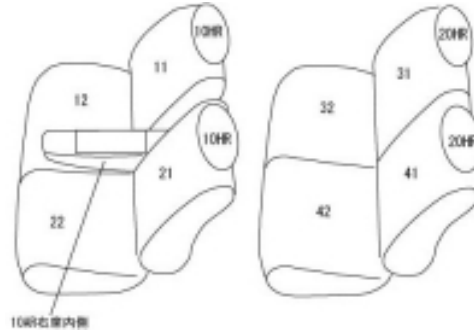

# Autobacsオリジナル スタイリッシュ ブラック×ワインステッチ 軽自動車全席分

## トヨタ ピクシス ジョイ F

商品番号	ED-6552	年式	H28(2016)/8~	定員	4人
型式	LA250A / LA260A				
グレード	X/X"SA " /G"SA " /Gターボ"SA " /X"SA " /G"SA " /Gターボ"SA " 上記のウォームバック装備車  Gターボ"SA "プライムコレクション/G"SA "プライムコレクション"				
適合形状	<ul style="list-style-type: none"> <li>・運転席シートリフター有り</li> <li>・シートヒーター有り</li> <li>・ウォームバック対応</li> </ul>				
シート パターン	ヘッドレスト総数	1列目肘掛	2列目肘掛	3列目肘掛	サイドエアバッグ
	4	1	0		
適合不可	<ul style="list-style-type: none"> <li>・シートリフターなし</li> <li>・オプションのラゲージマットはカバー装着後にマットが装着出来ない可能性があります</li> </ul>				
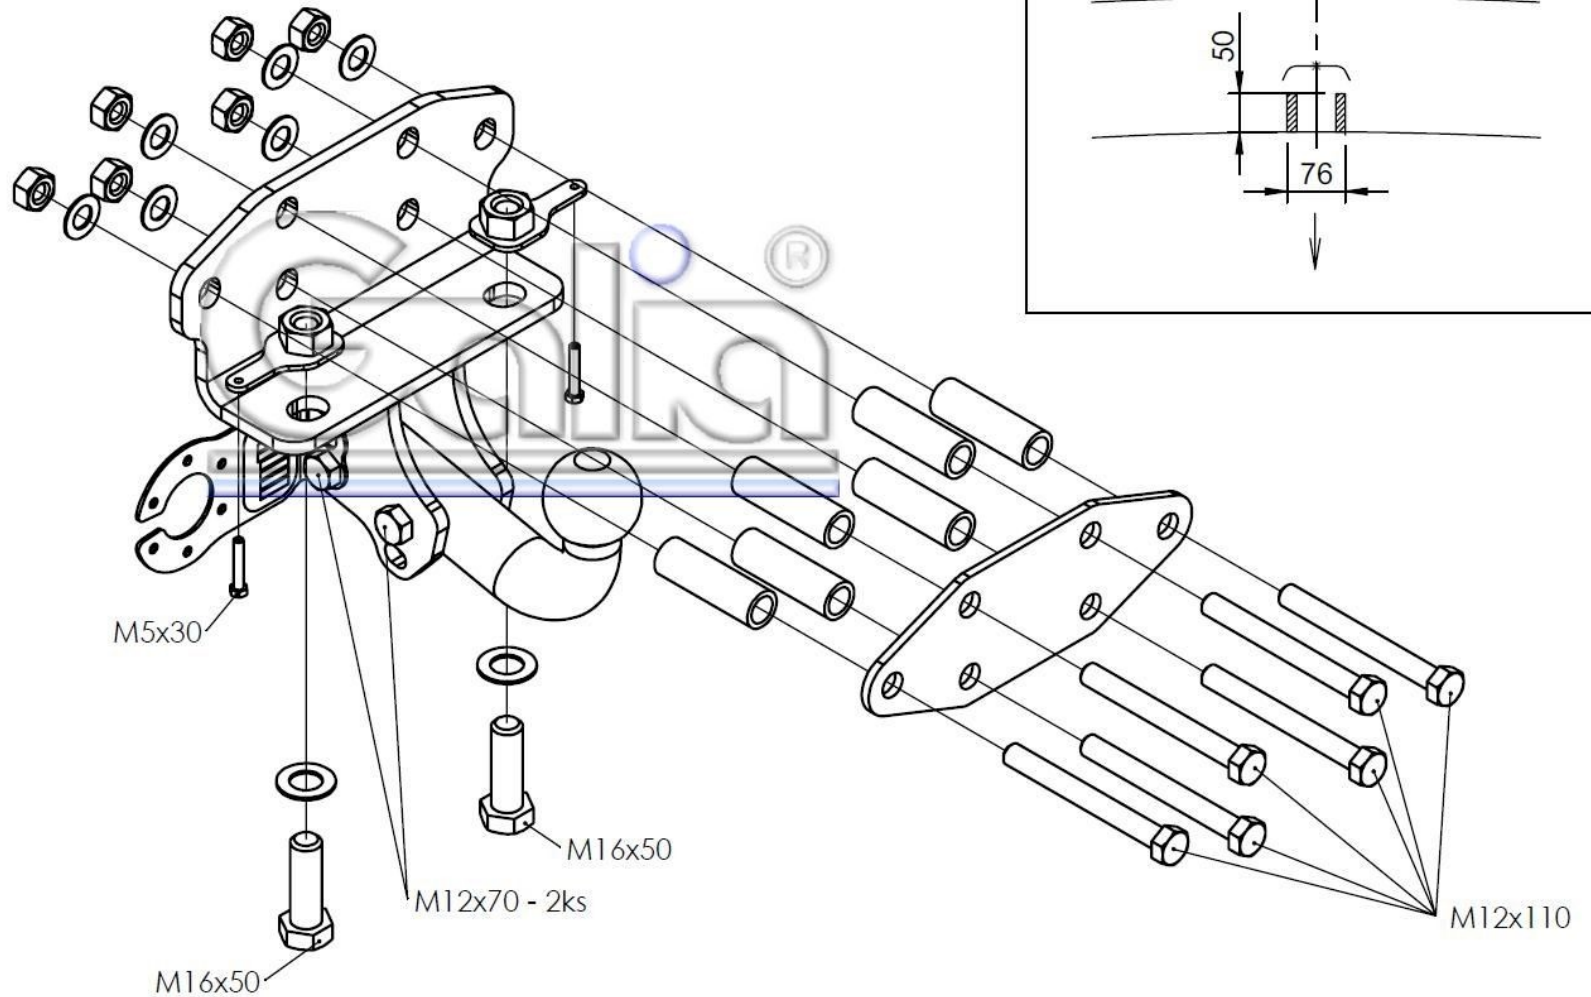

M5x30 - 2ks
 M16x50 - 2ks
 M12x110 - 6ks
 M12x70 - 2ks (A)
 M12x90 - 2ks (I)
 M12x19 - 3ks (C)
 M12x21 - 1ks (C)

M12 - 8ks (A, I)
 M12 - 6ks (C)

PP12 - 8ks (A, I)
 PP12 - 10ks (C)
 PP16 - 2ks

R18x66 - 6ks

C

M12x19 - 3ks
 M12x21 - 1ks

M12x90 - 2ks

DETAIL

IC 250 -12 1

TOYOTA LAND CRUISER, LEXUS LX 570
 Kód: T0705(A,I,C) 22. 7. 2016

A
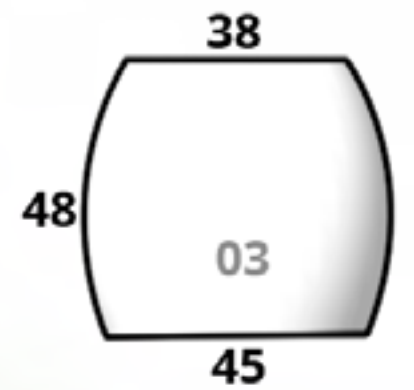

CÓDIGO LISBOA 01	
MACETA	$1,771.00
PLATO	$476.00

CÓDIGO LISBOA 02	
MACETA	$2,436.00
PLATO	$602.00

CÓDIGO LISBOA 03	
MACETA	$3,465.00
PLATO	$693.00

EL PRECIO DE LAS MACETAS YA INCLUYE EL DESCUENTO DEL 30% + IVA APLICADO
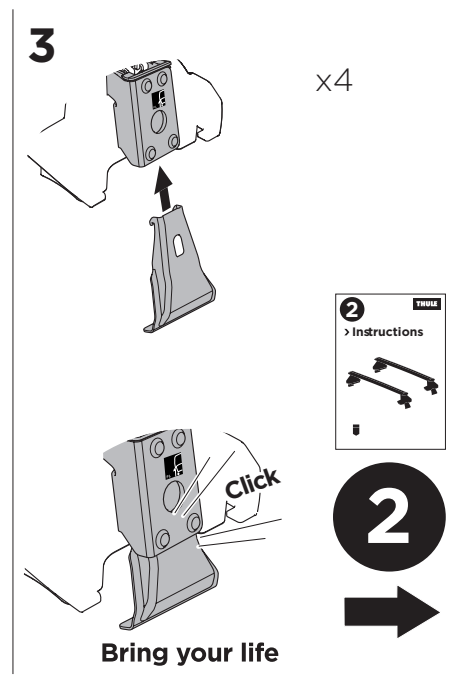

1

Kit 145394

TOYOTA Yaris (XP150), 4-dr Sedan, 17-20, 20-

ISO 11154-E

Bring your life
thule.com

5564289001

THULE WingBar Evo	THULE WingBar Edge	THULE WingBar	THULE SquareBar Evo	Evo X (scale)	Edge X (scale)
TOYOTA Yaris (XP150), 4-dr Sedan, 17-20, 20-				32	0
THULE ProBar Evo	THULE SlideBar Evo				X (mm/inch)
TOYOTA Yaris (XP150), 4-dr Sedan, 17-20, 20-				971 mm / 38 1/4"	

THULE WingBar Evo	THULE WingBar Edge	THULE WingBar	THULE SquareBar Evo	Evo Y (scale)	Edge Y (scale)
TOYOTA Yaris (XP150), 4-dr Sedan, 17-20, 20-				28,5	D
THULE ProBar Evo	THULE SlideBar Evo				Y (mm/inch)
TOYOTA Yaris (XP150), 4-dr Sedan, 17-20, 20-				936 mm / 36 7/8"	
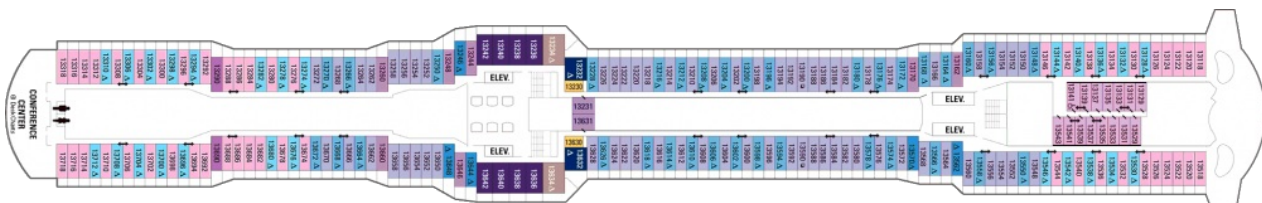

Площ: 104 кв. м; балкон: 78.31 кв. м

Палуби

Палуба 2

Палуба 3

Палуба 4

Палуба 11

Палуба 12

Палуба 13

....

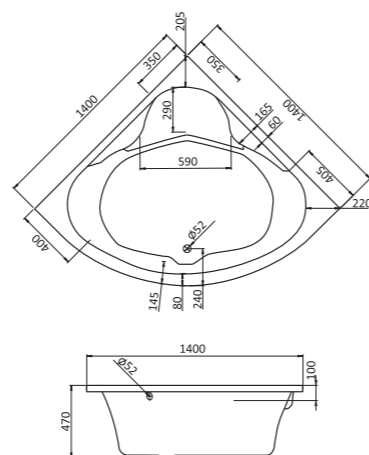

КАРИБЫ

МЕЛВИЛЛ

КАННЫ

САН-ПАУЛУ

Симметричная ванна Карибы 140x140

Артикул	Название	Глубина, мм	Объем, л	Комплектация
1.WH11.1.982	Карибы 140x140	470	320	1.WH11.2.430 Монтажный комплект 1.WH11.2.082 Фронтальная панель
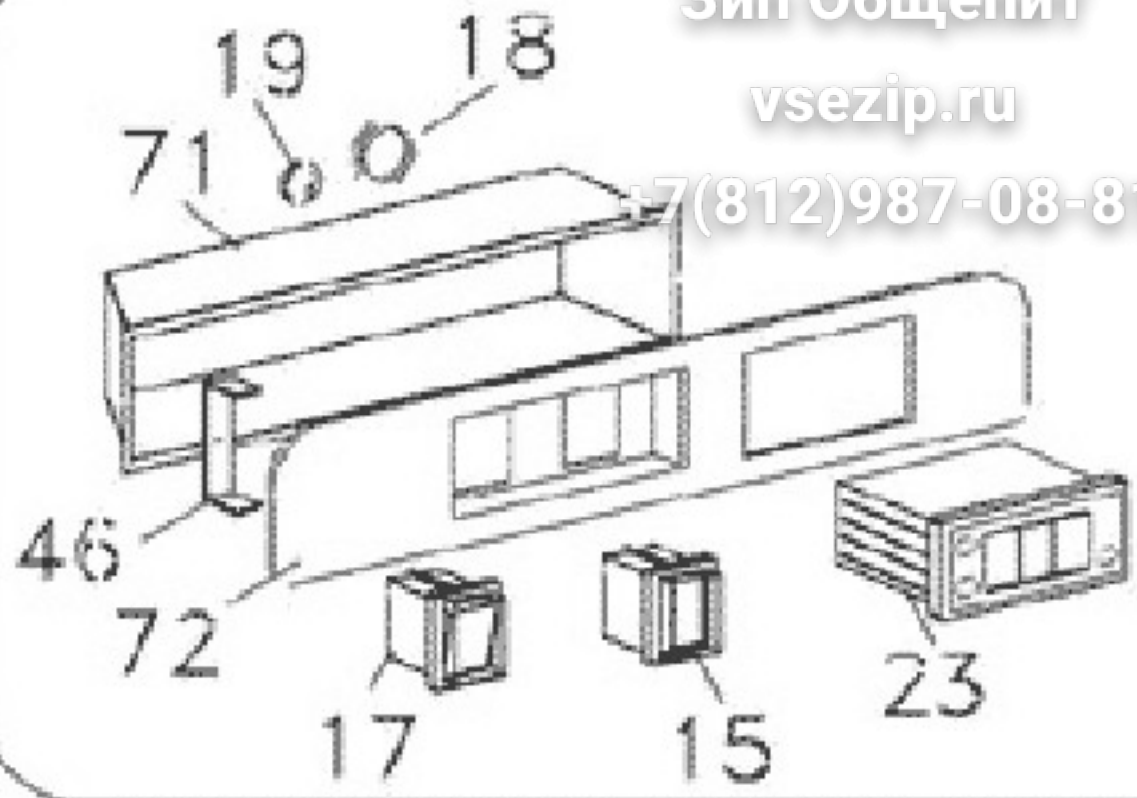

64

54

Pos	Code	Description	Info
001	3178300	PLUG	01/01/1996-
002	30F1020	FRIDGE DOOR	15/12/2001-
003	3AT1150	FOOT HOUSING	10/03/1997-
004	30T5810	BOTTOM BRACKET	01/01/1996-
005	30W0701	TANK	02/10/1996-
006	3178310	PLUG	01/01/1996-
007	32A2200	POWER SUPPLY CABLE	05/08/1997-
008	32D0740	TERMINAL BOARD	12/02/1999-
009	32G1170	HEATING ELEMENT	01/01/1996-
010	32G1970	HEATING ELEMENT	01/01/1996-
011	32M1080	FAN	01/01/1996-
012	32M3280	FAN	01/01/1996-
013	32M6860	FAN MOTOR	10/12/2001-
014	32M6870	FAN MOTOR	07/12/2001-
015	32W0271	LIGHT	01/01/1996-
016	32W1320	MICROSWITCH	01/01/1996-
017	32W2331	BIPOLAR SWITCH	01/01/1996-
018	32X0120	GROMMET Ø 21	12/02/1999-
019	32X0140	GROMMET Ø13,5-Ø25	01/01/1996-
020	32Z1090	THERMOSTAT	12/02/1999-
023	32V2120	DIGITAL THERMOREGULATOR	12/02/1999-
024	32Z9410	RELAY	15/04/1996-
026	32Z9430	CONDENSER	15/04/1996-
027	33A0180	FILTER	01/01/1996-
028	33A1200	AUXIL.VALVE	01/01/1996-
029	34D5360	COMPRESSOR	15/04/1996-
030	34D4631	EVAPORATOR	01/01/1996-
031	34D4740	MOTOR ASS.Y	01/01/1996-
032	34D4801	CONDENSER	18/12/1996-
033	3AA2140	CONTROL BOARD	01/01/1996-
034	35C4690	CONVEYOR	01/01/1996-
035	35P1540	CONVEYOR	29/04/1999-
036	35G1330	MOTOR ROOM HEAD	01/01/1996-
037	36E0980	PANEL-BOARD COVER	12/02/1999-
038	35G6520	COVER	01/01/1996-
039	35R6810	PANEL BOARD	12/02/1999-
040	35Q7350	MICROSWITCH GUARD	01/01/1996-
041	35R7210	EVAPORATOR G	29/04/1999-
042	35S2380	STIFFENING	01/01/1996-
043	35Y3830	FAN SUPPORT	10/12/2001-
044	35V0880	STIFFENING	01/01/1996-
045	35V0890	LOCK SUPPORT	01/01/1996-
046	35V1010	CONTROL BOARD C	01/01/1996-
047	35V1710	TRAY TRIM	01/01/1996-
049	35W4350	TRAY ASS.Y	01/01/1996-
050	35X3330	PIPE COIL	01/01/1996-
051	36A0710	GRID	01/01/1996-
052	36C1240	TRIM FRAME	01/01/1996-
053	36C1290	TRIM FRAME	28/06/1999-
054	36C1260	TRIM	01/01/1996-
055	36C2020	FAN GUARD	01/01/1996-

....

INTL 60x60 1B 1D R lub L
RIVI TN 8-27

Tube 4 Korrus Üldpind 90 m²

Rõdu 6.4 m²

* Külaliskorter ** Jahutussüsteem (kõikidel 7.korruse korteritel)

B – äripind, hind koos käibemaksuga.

....

**Exercise brief**
Check every line of the data above for the string "ProBar", and copy those that have it.

**Your solution**
THULE ProBar Evo	THULE SlideBar Evo				X (mm/inch)
THULE ProBar Evo	THULE SlideBar Evo				Y (mm/inch)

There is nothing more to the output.